While additional copies of the file named by that URL may exist (on so-called ``mirror'' sites), there is no mechanism for finding them, no way to know whether such copies are current, and no means of ensuring that the mirrored copy has not been altered.
URLs become ``stale'', that is, a URL which once pointed to a particular file no longer points to any version of that file. Any ``links'' to the file using the old URL are therefore no longer usable. This may be for any of several reasons: the domain name of the server has been changed, the file has been moved to a different server, the file has been renamed on the same server, the file was part of a multi-file document which has been re-organized, or the file has simply been deleted from that server (even though it may still be available elsewhere). In general, there is no way for the user to know which of these has happened and no way to recover even if those cases where the file is still accessible from some other location.
Search services are often out-of-date due to the sheer size of the net and the necessity to periodically ``poll'' each server to see whether its files have changed.
Search services that return URLs often return duplicate ``hits'' because the same file is accessible by multiple URLs, with no way for the search service to know that they indicate the same file.
There is a need to be able to label resources according to certain criteria, and for the user to be able to examine such labels before attempting to access the resource. The most publicized need for such a facility is to label files which might be considered obscene, but in general a user (or his web browser) would like to be able to examine catalog information that describes a resource to determine its suitability for the user's needs and/or whether the user has the requisite hardware, software, budget, and permissions to use the resource.
Finally, given the ease by which many file servers (whether primary servers or ``mirrors'') may be compromised, there is a need for a service that allows the integrity and authenticity of any file to be checked. This protection is required not only for computer programs, but also for documents of various types which can contain embedded macros and/or exploit security weaknesses in their associated applications. Even the so-called ``safe execution environments'' such as Java cannot be relied on to protect the user, absent careful development and extensive analysis of both the design and the implementation of the execution environment.

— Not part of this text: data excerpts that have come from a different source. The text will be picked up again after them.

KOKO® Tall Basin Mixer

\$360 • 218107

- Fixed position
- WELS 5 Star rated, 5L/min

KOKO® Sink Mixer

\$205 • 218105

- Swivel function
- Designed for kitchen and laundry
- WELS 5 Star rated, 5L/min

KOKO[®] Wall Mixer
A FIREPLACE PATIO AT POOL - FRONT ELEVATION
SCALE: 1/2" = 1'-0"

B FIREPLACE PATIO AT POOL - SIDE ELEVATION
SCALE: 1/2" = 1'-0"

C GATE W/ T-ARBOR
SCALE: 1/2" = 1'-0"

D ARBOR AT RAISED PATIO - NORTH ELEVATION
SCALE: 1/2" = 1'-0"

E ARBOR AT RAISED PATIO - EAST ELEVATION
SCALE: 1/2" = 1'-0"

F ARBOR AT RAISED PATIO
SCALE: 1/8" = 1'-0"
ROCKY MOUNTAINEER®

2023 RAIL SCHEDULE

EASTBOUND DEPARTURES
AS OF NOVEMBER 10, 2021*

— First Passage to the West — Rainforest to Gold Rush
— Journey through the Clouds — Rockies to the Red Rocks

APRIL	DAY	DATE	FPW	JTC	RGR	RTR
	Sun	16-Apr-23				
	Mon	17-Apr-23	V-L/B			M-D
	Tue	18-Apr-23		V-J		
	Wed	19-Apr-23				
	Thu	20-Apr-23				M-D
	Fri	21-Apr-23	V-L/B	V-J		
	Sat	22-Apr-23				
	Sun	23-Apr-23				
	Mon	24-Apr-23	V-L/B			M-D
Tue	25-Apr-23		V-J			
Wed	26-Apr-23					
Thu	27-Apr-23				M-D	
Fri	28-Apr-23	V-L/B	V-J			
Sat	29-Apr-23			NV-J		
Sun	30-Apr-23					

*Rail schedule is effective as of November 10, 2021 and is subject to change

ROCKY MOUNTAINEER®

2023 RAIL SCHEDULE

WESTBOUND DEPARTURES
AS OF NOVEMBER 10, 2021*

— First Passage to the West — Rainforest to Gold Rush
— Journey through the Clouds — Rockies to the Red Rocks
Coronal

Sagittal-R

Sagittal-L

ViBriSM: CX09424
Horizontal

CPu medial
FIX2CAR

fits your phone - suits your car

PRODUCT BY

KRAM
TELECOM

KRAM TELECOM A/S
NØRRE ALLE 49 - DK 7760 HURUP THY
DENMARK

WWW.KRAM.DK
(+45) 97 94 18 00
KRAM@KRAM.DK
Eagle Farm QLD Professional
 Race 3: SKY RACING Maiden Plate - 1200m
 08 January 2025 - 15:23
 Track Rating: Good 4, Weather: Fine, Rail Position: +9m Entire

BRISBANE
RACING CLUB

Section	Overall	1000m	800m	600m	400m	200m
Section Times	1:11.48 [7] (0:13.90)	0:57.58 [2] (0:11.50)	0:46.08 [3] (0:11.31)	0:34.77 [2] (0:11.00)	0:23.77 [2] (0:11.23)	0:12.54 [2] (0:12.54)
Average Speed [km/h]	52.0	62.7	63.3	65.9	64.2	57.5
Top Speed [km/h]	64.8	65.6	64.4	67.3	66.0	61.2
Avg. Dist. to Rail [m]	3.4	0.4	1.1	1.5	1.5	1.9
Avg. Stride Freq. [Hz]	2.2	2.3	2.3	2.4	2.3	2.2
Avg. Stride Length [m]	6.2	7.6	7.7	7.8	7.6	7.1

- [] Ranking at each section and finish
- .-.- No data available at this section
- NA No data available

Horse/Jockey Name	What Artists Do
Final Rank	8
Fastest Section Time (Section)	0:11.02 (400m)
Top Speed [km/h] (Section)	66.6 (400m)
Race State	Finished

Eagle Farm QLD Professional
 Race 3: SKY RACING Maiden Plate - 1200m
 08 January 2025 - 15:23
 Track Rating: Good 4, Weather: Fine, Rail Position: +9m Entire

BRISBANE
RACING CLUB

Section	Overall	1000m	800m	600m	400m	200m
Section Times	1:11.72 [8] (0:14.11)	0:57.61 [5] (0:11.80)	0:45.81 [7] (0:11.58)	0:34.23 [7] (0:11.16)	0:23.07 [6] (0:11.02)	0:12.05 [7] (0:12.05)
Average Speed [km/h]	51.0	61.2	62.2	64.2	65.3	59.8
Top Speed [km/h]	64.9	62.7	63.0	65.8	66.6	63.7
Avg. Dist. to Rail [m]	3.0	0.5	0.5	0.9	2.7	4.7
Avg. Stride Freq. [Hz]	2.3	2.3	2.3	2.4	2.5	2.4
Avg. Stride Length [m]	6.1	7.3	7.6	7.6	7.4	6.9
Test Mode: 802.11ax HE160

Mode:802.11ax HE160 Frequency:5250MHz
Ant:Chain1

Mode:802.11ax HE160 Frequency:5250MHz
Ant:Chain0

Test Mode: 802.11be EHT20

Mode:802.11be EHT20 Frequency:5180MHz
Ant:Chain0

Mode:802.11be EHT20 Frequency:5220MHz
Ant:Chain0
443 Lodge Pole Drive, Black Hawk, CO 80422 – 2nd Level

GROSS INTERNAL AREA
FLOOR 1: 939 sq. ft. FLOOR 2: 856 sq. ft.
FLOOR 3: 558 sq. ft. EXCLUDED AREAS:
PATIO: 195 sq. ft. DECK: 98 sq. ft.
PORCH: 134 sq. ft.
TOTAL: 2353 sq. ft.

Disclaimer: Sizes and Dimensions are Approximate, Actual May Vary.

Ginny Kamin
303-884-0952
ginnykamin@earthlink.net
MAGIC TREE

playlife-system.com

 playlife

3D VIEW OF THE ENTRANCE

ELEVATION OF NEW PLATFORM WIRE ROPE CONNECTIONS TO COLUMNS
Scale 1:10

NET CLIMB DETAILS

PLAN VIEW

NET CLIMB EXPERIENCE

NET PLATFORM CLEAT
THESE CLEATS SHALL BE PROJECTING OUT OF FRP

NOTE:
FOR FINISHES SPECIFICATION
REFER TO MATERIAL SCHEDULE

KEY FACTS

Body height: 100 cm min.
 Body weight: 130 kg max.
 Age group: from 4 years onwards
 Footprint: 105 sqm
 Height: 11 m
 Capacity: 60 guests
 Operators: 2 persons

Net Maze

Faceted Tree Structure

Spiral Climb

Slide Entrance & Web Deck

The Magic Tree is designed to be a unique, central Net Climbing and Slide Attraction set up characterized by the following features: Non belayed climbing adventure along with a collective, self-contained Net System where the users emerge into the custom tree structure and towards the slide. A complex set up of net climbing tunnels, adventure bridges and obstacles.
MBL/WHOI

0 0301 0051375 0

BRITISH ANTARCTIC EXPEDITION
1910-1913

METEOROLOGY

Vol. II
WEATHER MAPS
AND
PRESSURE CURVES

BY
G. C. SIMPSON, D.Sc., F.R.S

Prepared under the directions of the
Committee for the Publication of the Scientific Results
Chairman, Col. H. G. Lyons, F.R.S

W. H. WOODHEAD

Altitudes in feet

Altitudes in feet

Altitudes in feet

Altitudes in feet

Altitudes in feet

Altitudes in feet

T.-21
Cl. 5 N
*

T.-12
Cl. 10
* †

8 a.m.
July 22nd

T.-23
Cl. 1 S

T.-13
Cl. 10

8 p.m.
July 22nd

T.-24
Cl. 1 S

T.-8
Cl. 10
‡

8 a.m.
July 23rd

We therefore propose an architecture for a system which attempts to address these problems.

1.1 Design Goals

The goals of our system include:

It must be easy to deploy in the current Internet.
It must be highly reliable and fault-tolerant.
It must use the network efficiently.
It must provide adequate security, both to ensure that its authentication/integrity assurance services are trustworthy, and to thwart denial-of-service attacks.
It must be flexible and general so it can evolve to meet future needs.
It must be scalable to several orders of magnitude without fundamental changes in the structure of resource names, or in the means by which a resource name is resolved into the network location of a server that provides the resource.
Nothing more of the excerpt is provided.